Entre esos fogonazos que alumbran brevemente las tinieblas de mi memoria surge de repente, iluminada con vivos colores, una escena que se desenvuelve en un recinto sagrado, quizás en un templo, aun cuando también pudiera tratarse de una capilla en el palacio imperial.
Estoy de pie junto a mi madre en un salón inmenso en cuyo centro se alza una enorme estatua de oro macizo de mi bisabuelo Augusto. Frente a la estatua, ante un altar donde arde un fuego sagrado, se encuentra Tiberio, con la cabeza cubierta por un faldón de su toga, que utiliza como velo.

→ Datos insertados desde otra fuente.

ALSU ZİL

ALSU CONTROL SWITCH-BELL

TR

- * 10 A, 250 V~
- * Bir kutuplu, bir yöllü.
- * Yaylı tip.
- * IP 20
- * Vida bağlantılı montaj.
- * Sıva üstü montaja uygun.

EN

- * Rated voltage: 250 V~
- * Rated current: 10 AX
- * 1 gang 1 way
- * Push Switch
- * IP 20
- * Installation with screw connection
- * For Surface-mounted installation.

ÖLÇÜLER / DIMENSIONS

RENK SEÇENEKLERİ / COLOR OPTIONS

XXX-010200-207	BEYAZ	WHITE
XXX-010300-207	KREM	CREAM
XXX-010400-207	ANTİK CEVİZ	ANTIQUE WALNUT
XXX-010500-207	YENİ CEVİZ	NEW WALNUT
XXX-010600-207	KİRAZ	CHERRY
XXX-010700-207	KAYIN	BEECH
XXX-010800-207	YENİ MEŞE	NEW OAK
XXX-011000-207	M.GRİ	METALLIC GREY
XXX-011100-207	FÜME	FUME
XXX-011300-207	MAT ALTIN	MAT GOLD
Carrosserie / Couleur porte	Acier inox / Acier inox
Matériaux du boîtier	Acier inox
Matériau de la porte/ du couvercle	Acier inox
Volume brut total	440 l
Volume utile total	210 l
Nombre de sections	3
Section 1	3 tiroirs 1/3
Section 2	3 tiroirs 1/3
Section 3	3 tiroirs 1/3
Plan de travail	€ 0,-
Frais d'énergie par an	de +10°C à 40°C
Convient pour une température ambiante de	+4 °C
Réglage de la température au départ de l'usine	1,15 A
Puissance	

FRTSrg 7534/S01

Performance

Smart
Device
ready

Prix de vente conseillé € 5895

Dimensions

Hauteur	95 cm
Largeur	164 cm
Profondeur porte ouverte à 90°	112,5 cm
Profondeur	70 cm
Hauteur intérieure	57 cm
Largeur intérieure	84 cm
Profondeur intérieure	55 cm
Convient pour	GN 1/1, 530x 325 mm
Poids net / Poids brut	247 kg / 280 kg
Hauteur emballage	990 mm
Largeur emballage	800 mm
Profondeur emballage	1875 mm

Mi tío abuelo se dispone a hacer un sacrificio al príncipe divinizado de unas tortitas de trigo y un chorro de vino.
Hecha una fiera, mi madre se abalanza sobre él, le quita de un manotazo las ofrendas, que van a estrellarse al suelo, y le grita: —¡Hipócrita! ¡Lo honras mientras acosas y persigues a sus descendientes!
En cierta ocasión me encuentro en palacio asistiendo a un banquete. Los adultos comen tumbados en triclinios. Nosotras, niñas y niños, comemos sentadas a una mesa que apenas levanta dos palmos del suelo. Frente a mí tengo a mi madre y a Tiberio.
Me fijo en que mi madre no ha probado bocado. Tiberio también lo debe de haber advertido, pues elige un melocotón de una fuente y se lo ofrece, diciéndole:
—Venga, hija mía, come algo, que tienes que reponer las fuerzas para que no se gasten tus nervios.
Mi madre coge la fruta y cuando cree que Tiberio no la está viendo, se la pasa con mal disimulado gesto a su esclava. Tiberio se da cuenta y luego irá a quejarse a Livia de que mi madre piensa que él quiere envenenarla.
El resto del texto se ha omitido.